--- RECORDS FOR PROCESSING Enclosed Below ---

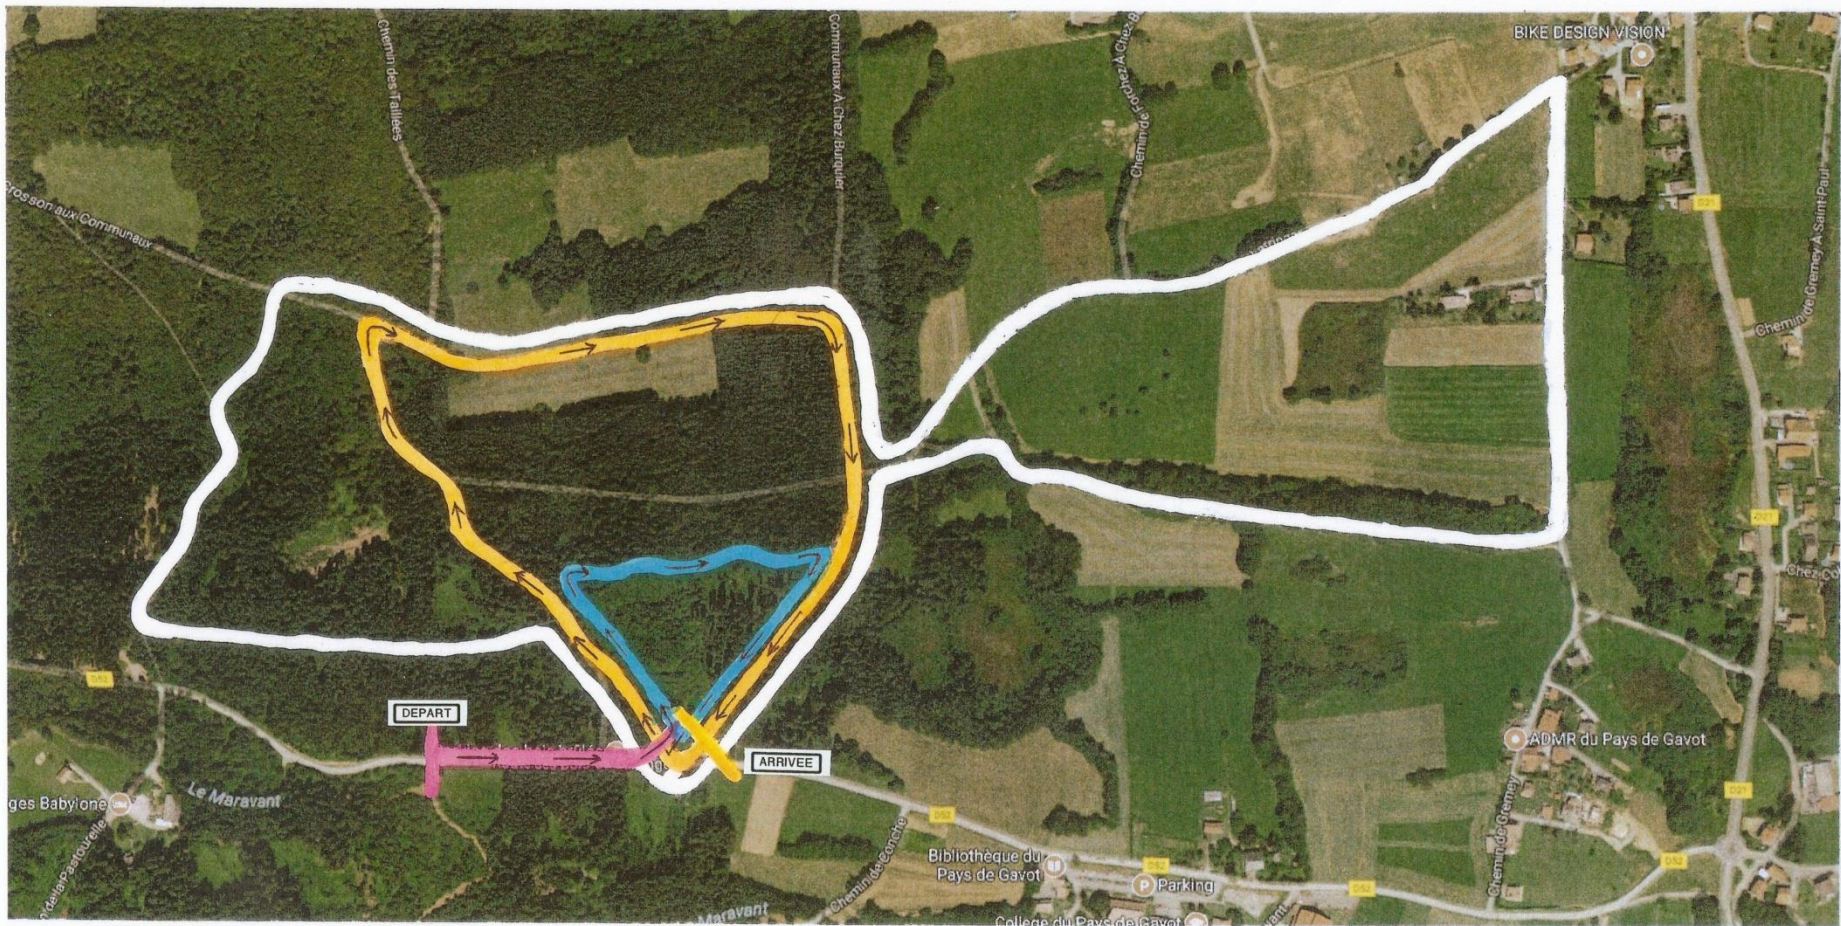

evian.

ÉVIAN Resort

Courses Poussins Poussines

CROSS EVIAN Bois de Larringes

DEPART
200m

+

BOUCLE
2
740m

=

1580 m

evian.

ÉVIAN Resort

Courses Eveil Athlétique

CROSS EVIAN Bois de Larringes

DEPART
200m

+

BOUCLE
1
740m

= 840 m

evian.

ÉVIAN Resort
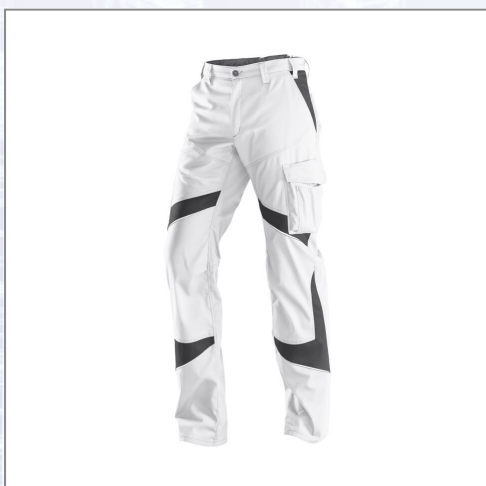

Bundhose KÜBLER ACTIVIQ - weiß/anthrazit

Zweifarbige Bundhose bestehend aus: 65 % Polyester, 35 % Baumwolle, 270 g/m². Kontrast-Elemente: Einsatz ober- und unterhalb Knie, Seiteneinsatz, Gürtelschlaufe am Bund hinten. Reflex-Elemente: ober- und unterhalb Knie, Biese in Kniekehlnaht. Ergonomische Linienführung für mehr Bewegungsfreiheit, 2 Seitentaschen. 2 Gesäßtaschen, rechts mit Patte und Druckknopf. Rechts: ergonomisch positionierte Meterstabschale auf Seitennaht. Links: Schenkeltasche mit Patte und Druckknopf, aufgesetzte Stifttasche, integrierte Smartphonetasche. Elastischer Bundeseinsatz, Schlitz mit Reißverschluss, vorgeformtes Knie mit Bewegungszone. Belastungspunkte mit Riegeln gesichert. Größen: 46 - 60.

Art.Nr.	Beschreibung	Einheit
Z2250109748	Radne hlače KÜBLER ACTIVIQ bijele/antracit 270 g/m ² vel. 48	ST
Z2250109754	Radne hlače KÜBLER ACTIVIQ bijele/antracit 270 g/m ² vel. 54	ST
Z2250109758	Radne hlače KÜBLER ACTIVIQ bijele/antracit 270 g/m ² vel. 58	ST
Z2250109760	Radne hlače KÜBLER ACTIVIQ bijele/antracit 270 g/m ² vel. 60	ST
Z2250109746	Radne hlače KÜBLER ACTIVIQ bijele/antracit 270 g/m ² vel. 46	ST
Z2250109756	Radne hlače KÜBLER ACTIVIQ bijele/antracit 270 g/m ² vel. 56	ST
Z2250109750	Radne hlače KÜBLER ACTIVIQ bijele/antracit 270 g/m ² vel. 50	ST
Z2250109752	Radne hlače KÜBLER ACTIVIQ bijele/antracit 270 g/m ² vel. 52	ST
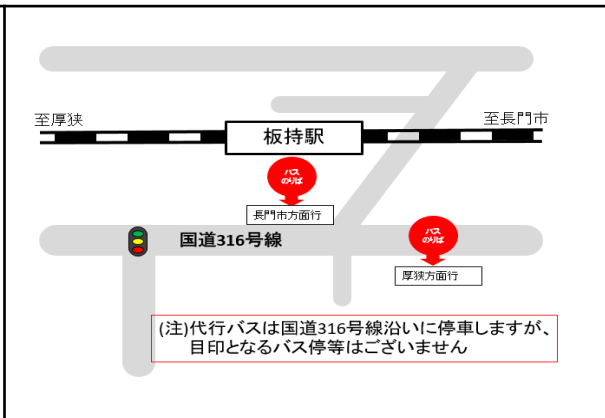

※1:ご利用状況に応じて長門市～東萩の代行バスの運転を行います。この区間ご利用のお客様は乗換をお願いいたします。ただし、飯井駅には停車いたしませんのでご了承ください。

## ～湯ノ峠駅をご利用のお客様へ～

湯ノ峠駅には代行バスは停車いたしません。そのため、厚狭駅～湯ノ峠駅間で代行タクシーを行います。湯ノ峠駅をご利用のお客様は、代行タクシー時刻表をご参照ください。湯ノ峠駅から厚狭駅利用の際は下記時刻に駅前広場にてタクシーをお待ちください。また、厚狭駅から湯ノ峠駅までタクシーを利用の際は厚狭駅係員にお申し出ください。

代行タクシー(湯ノ峠⇒厚狭)												
湯	ノ	峠	発	6:03	7:20	8:14	10:03	12:53	14:24	16:30	17:56	19:54
厚		狭	着	6:13	7:30	8:24	10:13	13:03	14:34	16:40	18:06	20:04
代行タクシー(厚狭⇒湯ノ峠)												
厚		狭	発	6:44	8:00	9:25	11:22	14:02	16:40	18:00	19:57	21:18
湯	ノ	峠	着	6:54	8:10	9:35	11:32	14:12	16:50	18:10	20:07	21:28

西日本旅客鉄道株式会社

※駅前から離れているバスのりばは、既存の路線バスのバス停(案内図赤色の位置)に停車します

--- End of Enclosed RECORDS FOR PROCESSING ---

_EXERCISE_
Word for word, write out each of the records, but not the pictures.

_WORKED SOLUTION_
evian.

ÉVIAN Resort

Courses Poussins Poussines

CROSS EVIAN Bois de Larringes

DEPART
200m

+

BOUCLE
2
740m

=

1580 m

evian.

ÉVIAN Resort

Courses Eveil Athlétique

CROSS EVIAN Bois de Larringes

DEPART
200m

+

BOUCLE
1
740m

= 840 m

evian.

ÉVIAN Resort

Bundhose KÜBLER ACTIVIQ - weiß/anthrazit

Zweifarbige Bundhose bestehend aus: 65 % Polyester, 35 % Baumwolle, 270 g/m². Kontrast-Elemente: Einsatz ober- und unterhalb Knie, Seiteneinsatz, Gürtelschlaufe am Bund hinten. Reflex-Elemente: ober- und unterhalb Knie, Biese in Kniekehlnaht. Ergonomische Linienführung für mehr Bewegungsfreiheit, 2 Seitentaschen. 2 Gesäßtaschen, rechts mit Patte und Druckknopf. Rechts: ergonomisch positionierte Meterstabschale auf Seitennaht. Links: Schenkeltasche mit Patte und Druckknopf, aufgesetzte Stifttasche, integrierte Smartphonetasche. Elastischer Bundeseinsatz, Schlitz mit Reißverschluss, vorgeformtes Knie mit Bewegungszone. Belastungspunkte mit Riegeln gesichert. Größen: 46 - 60.

Art.Nr.	Beschreibung	Einheit
Z2250109748	Radne hlače KÜBLER ACTIVIQ bijele/antracit 270 g/m ² vel. 48	ST
Z2250109754	Radne hlače KÜBLER ACTIVIQ bijele/antracit 270 g/m ² vel. 54	ST
Z2250109758	Radne hlače KÜBLER ACTIVIQ bijele/antracit 270 g/m ² vel. 58	ST
Z2250109760	Radne hlače KÜBLER ACTIVIQ bijele/antracit 270 g/m ² vel. 60	ST
Z2250109746	Radne hlače KÜBLER ACTIVIQ bijele/antracit 270 g/m ² vel. 46	ST
Z2250109756	Radne hlače KÜBLER ACTIVIQ bijele/antracit 270 g/m ² vel. 56	ST
Z2250109750	Radne hlače KÜBLER ACTIVIQ bijele/antracit 270 g/m ² vel. 50	ST
Z2250109752	Radne hlače KÜBLER ACTIVIQ bijele/antracit 270 g/m ² vel. 52	ST

※1:ご利用状況に応じて長門市～東萩の代行バスの運転を行います。この区間ご利用のお客様は乗換をお願いいたします。ただし、飯井駅には停車いたしませんのでご了承ください。

## ～湯ノ峠駅をご利用のお客様へ～

湯ノ峠駅には代行バスは停車いたしません。そのため、厚狭駅～湯ノ峠駅間で代行タクシーを行います。湯ノ峠駅をご利用のお客様は、代行タクシー時刻表をご参照ください。湯ノ峠駅から厚狭駅利用の際は下記時刻に駅前広場にてタクシーをお待ちください。また、厚狭駅から湯ノ峠駅までタクシーを利用の際は厚狭駅係員にお申し出ください。

代行タクシー(湯ノ峠⇒厚狭)												
湯	ノ	峠	発	6:03	7:20	8:14	10:03	12:53	14:24	16:30	17:56	19:54
厚		狭	着	6:13	7:30	8:24	10:13	13:03	14:34	16:40	18:06	20:04
代行タクシー(厚狭⇒湯ノ峠)												
厚		狭	発	6:44	8:00	9:25	11:22	14:02	16:40	18:00	19:57	21:18
湯	ノ	峠	着	6:54	8:10	9:35	11:32	14:12	16:50	18:10	20:07	21:28

西日本旅客鉄道株式会社

※駅前から離れているバスのりばは、既存の路線バスのバス停(案内図赤色の位置)に停車します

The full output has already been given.